What is valuable, is to understand how much the ideas and experiences that underlie mental health (not the illness itself but the ideas and reactions to them that can lead to mental health issues), are natural, universal and are how you are ‘meant’ to feel. It’s the problems people have coming to terms with their own ‘normal’ experiences (the fact that you have behaved in a weak, cowardly, insincere, dishonest, spiteful or maybe downright vicious manner, for example) that causes trouble. So, anxiety disorders are effectively anxiety about feeling anxious, OCD is an attempt to ward off frightening ideas in your own head and depression is an exaggerated feeling of worthlessness in reaction to the unpleasant and difficult ideas and emotions people find inside themselves. Everybody thinks and does shitty things from time to time. It’s OK, you can do better.

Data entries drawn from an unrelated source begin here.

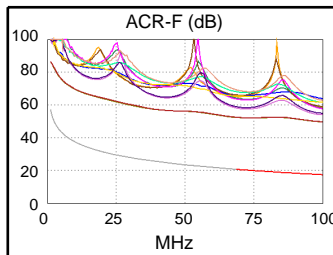

**Test Summary: PASS**

Model: DTX-1800  
 Main S/N: 3178039  
 Remote S/N: 3178046  
 Main Adapter: DTX-CHA002  
 Remote Adapter: DTX-CHA002

Length (ft), Limit 328	[Pair 12]	10
Prop. Delay (ns), Limit 555	[Pair 78]	16
Delay Skew (ns), Limit 50	[Pair 78]	1
Resistance (ohms)	[Pair 36]	0.9
Insertion Loss Margin (dB)	[Pair 12]	23.2
Frequency (MHz)	[Pair 12]	99.8
Limit (dB)	[Pair 12]	24.0

Wire Map (T568B)  
**PASS**

Worst Case Margin Worst Case Value

PASS	MAIN	SR	MAIN	SR
Worst Pair	36-78	12-78	36-78	36-78
<b>NEXT (dB)</b>	28.2	26.8	28.2	28.3
Freq. (MHz)	98.3	22.3	98.3	93.0
Limit (dB)	30.2	41.2	30.2	30.6
Worst Pair	78	12	78	36
<b>PS NEXT (dB)</b>	29.0	26.3	29.0	29.2
Freq. (MHz)	98.3	21.1	100.0	89.8
Limit (dB)	27.2	38.6	27.1	27.9

PASS	MAIN	SR	MAIN	SR
Worst Pair	36-45	45-36	36-45	36-45
<b>ACR-F (dB)</b>	31.7	31.7	32.2	32.3
Freq. (MHz)	37.8	35.5	99.3	99.5
Limit (dB)	25.9	26.4	17.5	17.4
Worst Pair	36	36	36	36
<b>PS ACR-F (dB)</b>	32.2	32.2	33.8	33.6
Freq. (MHz)	1.0	1.0	99.5	99.8
Limit (dB)	54.4	54.4	14.4	14.4

N/A	MAIN	SR	MAIN	SR
Worst Pair	36-45	36-45	36-78	36-78
<b>ACR-N (dB)</b>	33.3	33.2	51.2	51.1
Freq. (MHz)	1.3	1.6	98.3	95.8
Limit (dB)	57.0	56.9	6.4	7.0
Worst Pair	36	36	78	78
<b>PS ACR-N (dB)</b>	33.3	33.2	52.2	53.1
Freq. (MHz)	1.6	1.6	100.0	99.3
Limit (dB)	53.9	53.9	3.1	3.2

Less stigma about mental illness isn’t really the priority – people should be motivated to avoid mental illness,[v] it is miserable, people should try very hard to keep things together – what is needed more is better understanding of other people’s predicaments, a better sense of shared experience. There shouldn’t be any stigma about the ideas to do with the self that underlie mental health but succumbing to those ideas to the point that you can’t function properly because you’re so overwhelmed with anxiety, aggression and self-hatred, obviously isn’t a good thing. Removing stigma around those universal ideas about the self, making it easier for people to recognise them in themselves and other people, is a good way of helping people to avoid succumbing to them.
∞
Mental health is being able to deal with not getting what you want from other people. Mental illness is people hating themselves because they can’t get on (in their heads) with other people. Perspective is better ideas about other people. The thing that hurts people is the idea that there’s something special (worse) about them. For these purposes all the focus on the individual, difference and divergence isn’t helpful: exceptionalism is the disease.
And none of this requires anything very new, it’s what people are already doing: comparing themselves, measuring themselves against other people, wanting to be better but most are doing it with an idea that they’re uniquely awful, worse than other people. This is about recognising that that idea is something that people have in common: in an epidemic of loneliness, it’s about recognising something absolutely fundamental about shared experience, about community, about connection.
What’s needed is more looking outwards at other people and looking for what you should expect to find, which are the same things you find in yourself, including the things you dislike most about yourself. Thinking about other people - the new self-care.
[i] https://jonathancoppin.substack.com/p/the-great-secret-shame-game?utm_source=profile&utm_medium=reader2
[v] Which isn’t to argue for stigma but the explosion in mental health issues doesn’t need to be bolstered by associations with celebrity, glamour, or victimhood or conflating it with appealing notions of legitimate divergent experience.